Нет, все это ерунда. Он, Иван Андреевич, нигде не мог видеть Архипова, потому что последнее время, кроме больницы и этого парка, разбитого у озерца, нигде не бывает. Кроме того, он не видел Дашу и соответственно ее мужа уже более десяти лет, а потому наверняка и не узнает. Хотя… не так уж это много – десять лет. Он сам не слишком изменился. Интересно, какой стала Даша? Даша… Что за черт? Как заныло в груди… Будто он расстался с Дашей совсем недавно и душа продолжает к ней рваться…

Та-а-ак!! Надо немедленно взять себя в руки! Так можно впасть в самую черную меланхолию, потом в депрессию и превратиться в полного инвалида. Элла и так намучалась с ним. Надо, в конце концов, облегчить жене жизнь. Хватит жить размазней и слизняком! Вот сейчас как раз конец месяца. Он узнает у нее, где платят за квартиру, и заплатит! Да! Заплатит! И будет платить всегда! А еще сам отделает лоджию. Элла собиралась нанимать рабочих, а он ей не позволит. В конце у концов, у него есть руки, голова и все такое… Его отец, между прочим, многому научил, только все как-то не удавалось свои знания применить. А вот теперь удастся! Элла еще увидит, на что он способен!

Лукьянов решительно поднялся с камня и направился к дому. Ветер все крепчал. Даже деревья гнулись под ним. И все же холодно не было. Так бывает перед грозой. Конечно… Уже все небо обложило сизыми тяжелыми тучами. Ага! Уже капает! Сейчас ливанет! Зато сразу стало ясно, в чем дело! У него так жмет голову, потому что изменилась погода, а вовсе не из-за Архипова. Архипов… Черт! Надо все же спросить у Эллы, может быть, они все-таки встречались? Хотя… откуда бы Элле знать Дмитрия…

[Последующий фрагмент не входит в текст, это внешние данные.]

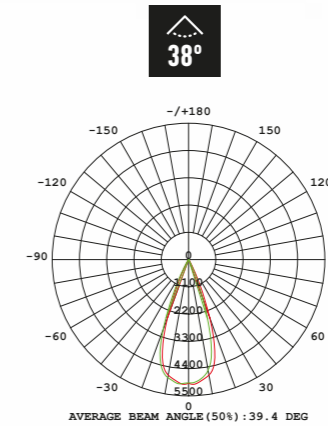

ACCESORIO PANEL ABEJA LC3144

YLD-032730: 3,15 €

REF	CHASSIS	CCT	ANG	POW	REG	P.V.P.
YLD-032686	FW	3000K	55°	30W	AC	58,80 €
YLD-032693	FW	4000K	55°	30W	AC	58,80 €
YLD-036004	FW	5700K	55°	30W	AC	58,80 €
YLD-032709	FBK	3000K	55°	30W	AC	58,80 €
YLD-032716	FBK	4000K	55°	30W	AC	58,80 €
YLD-036011	FBK	5700K	55°	30W	AC	58,80 €
YLD-032600	FW	3000K	38°	30W	AC	58,80 €
YLD-032617	FW	4000K	38°	30W	AC	58,80 €
YLD-035960	FW	5700K	38°	30W	AC	58,80 €
YLD-032624	FBK	3000K	38°	30W	AC	58,80 €
YLD-032631	FBK	4000K	38°	30W	AC	58,80 €
YLD-035977	FBK	5700K	38°	30W	AC	58,80 €
YLD-032648	FW	3000K	15°	30W	AC	58,80 €
YLD-032655	FW	4000K	15°	30W	AC	58,80 €
YLD-035984	FW	5700K	15°	30W	AC	58,80 €
YLD-032662	FBK	3000K	15°	30W	AC	58,80 €
YLD-032679	FBK	4000K	15°	30W	AC	58,80 €
YLD-035991	FBK	5700K	15°	30W	AC	58,80 €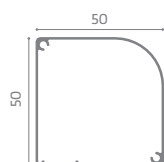

## SU RICHIESTA

**Controllo avvolgimento:** Dispositivo di risalita lenta

**NOTA:** Per un corretto funzionamento nelle larghezze comprese tra 1801 e 2200 mm è consigliata un'altezza inferiore a 1600 mm.

Nelle altezze comprese tra 2601 e 2800 mm è consigliata una larghezza inferiore a 1600 mm.

### Misure consigliate (mm)

	Larghezza	Altezza
max	1800	2600

Guida fissa per incasso  
16,5 x 35 mm

Cassonetto

Barramaniglia

Guida laterale

O F F I C I N E  
RAMI

Via Provinciale, 10  
46020 Monteggiana (MN) - ITALY  
Tel.: +39 0376 527481  
Fax: +39 0376 527060  
[info@officinerami.com](mailto:info@officinerami.com)  
[officinerami.com](http://officinerami.com)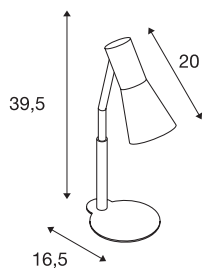

## PHELIA

luminaria de mesa, QPAR51, azul, 35 W como máximo

La luminaria de mesa disponible en varios colores PHELIA convence por su elegante pantalla cónica y su aspecto purista. La luminaria de aluminio y acero es, gracias al casquillo GU10 incorporado, apto para bombillas halógenas, así como ledes.

### Datos técnicos

Art. N.º	146007
Número de casquillos	1
Número de salidas de luz diferentes	1
Alcance de giro	90 °
Alcance de giro vertical	350 °
Giratoria u orientable	Giratoria y orientable
Código IP	IP 20
Clase de resistencia al impacto	IK 03
Resistencia al impacto	0.35 Joule
Montaje	Móvil
Voltaje nominal primario	220-240V ~50/60Hz
Clase de protección	I
Potencia	35 W
Color	azul
Salida de la luz	Directa
Longitud	24 cm
Anchura	12 cm
Altura	42 cm
Peso neto	1.185 kg
Peso bruto	1.445 kg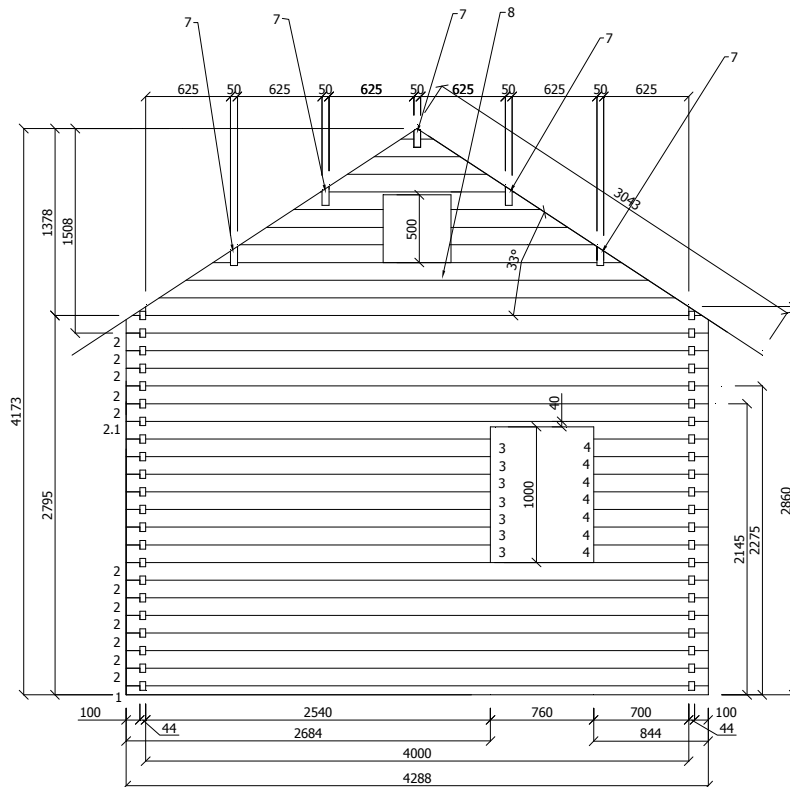

NB4050(130x44)Ls7P_IIa.(T-1)

Plan II **ETAGE**

L'Européenne de
Chalets

NB4050(130x44)Ls7P_IIa.(T-1)

PLAN II ETAGE

L'Européenne de
Chalets

NB4050(130x44)Ls7P_IIa.(T-1)

Mur A,B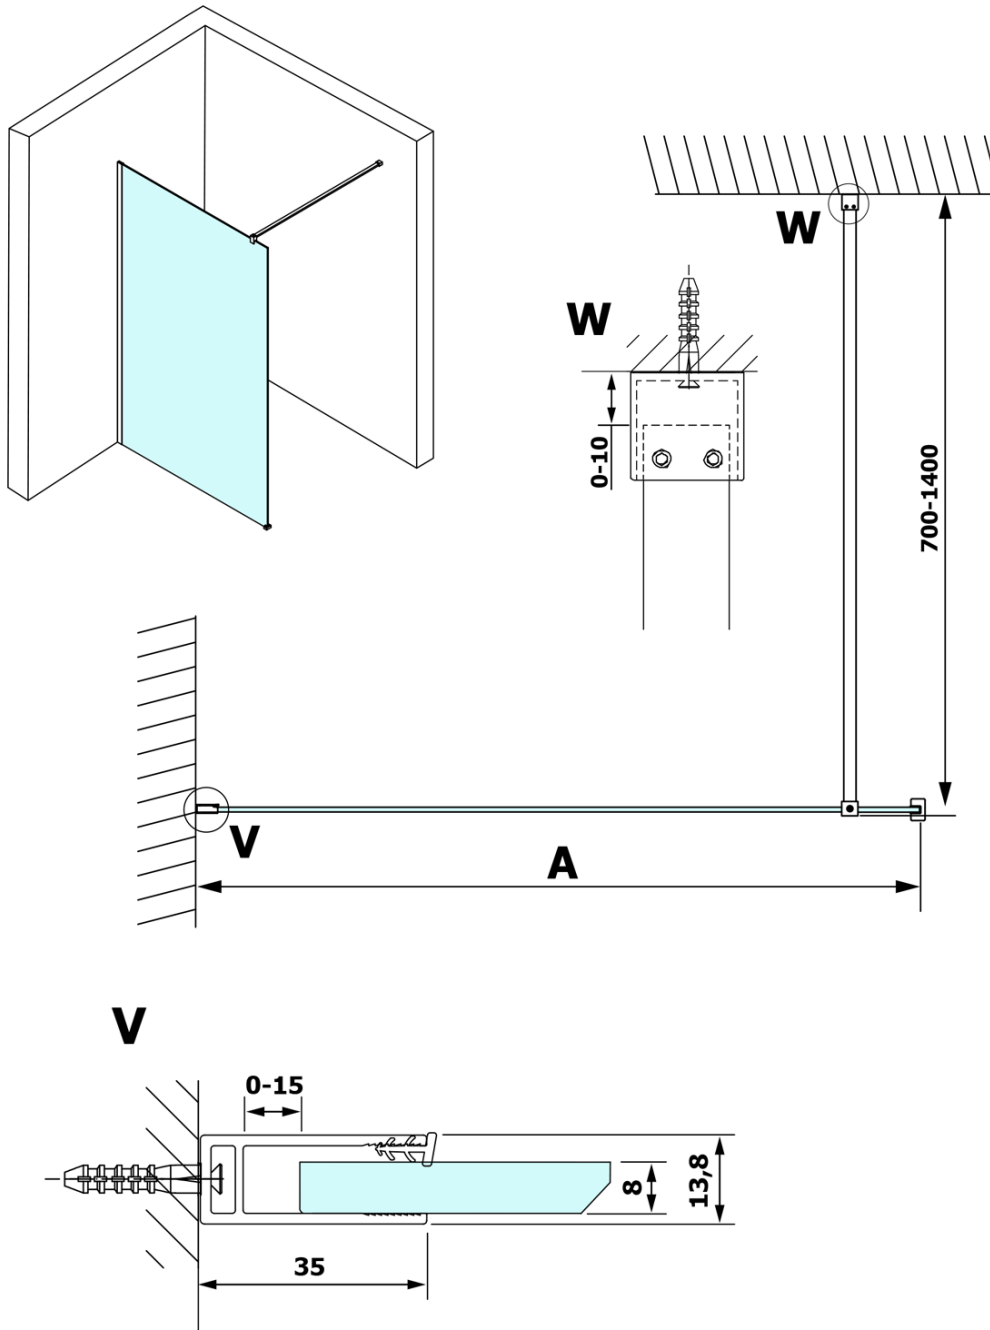

VARIO GOLD jednoczęściowa kabina przysznicowa Walk-In, montaż przy ścianie, szkło czyste, 1100 mm

Kod: GX1211GX1016

Podstawowe informacje

Marka: Gelco
Seria: VARIO

Rozmiary

Wysokość: 2000 mm
Głębokość: 1100 mm

Właściwości

Kolor profilu: Złoty
Kształt: Jednoczęściowa stała
Rodzaj szkła: Szkło czyste
Wykończenie szkła: Coated glass
Grubość szkła: 8 mm
Waga / szt.: 60.0 kg
Opakowanie: 2 szt.
Gwarancja: 3 lata

Polecamy dokupić

1 szt. VARIO wspornik do kabin 1400mm, złoto (Kod: GX2216)

Karta techniczna

MODEL	A
GX1270	685-700
GX1280	785-800
GX1290	885-900
GX1210	985-1000
GX1211	1085-1100
GX1212	1185-1200
GX1213	1285-1300
GX1214	1385-1400

Дома Лукьянов сразу прошел на лоджию, чтобы оглядеть фронт работы. Кажется, Элла хотела застеклить так, чтобы можно было раздвигать стеклянные панели в стороны, стены изнутри обшить пластиком… полы… потолок… Вот потолок ему не сделать. Голову задирать трудно. Кружится… Да и ветер задувает уже с неистовой силой. Тучи наплывают на небо с сумасшедшей скоростью. Хорошо, что он успел до ливня…

– Иван! Ты что здесь делаешь? – раздался у него за спиной голос жены. Она крепко схватила его за плечи, потому что Лукьянова вдруг повело в сторону. Он схватился за балконные перила и закрыл глаза, чтобы мир, который неожиданно понесся мимо него с бешеной скоростью вслед за тучами, успокоился и расставил все предметы обратно на привычные места. Дождь бросил ему в лицо пригоршню мелких капель. Это взбодрило.

– Ваня, что случилось?!! – еще более встревоженно спросила Элла.

Иван Андреевич, обернувшись, заставил себя улыбнуться и ответил:

– Ничего. Просто смотрю, что тут нужно будет сделать.

– Рабочие придут через три дня. Я уже обо всем договорилась.

– Обо всем? – переспросил он, не понимая, что чувствует: облегчение или досаду. С одной стороны, неприятно, что она опять все решила сама, с другой стороны, выяснилось, что он все еще слишком слаб.

– Да, я даже уже заплатила за материал. Они его сами привезут. Я, знаешь ли, решила все сделать в спокойных бежевых тонах. Ты не против?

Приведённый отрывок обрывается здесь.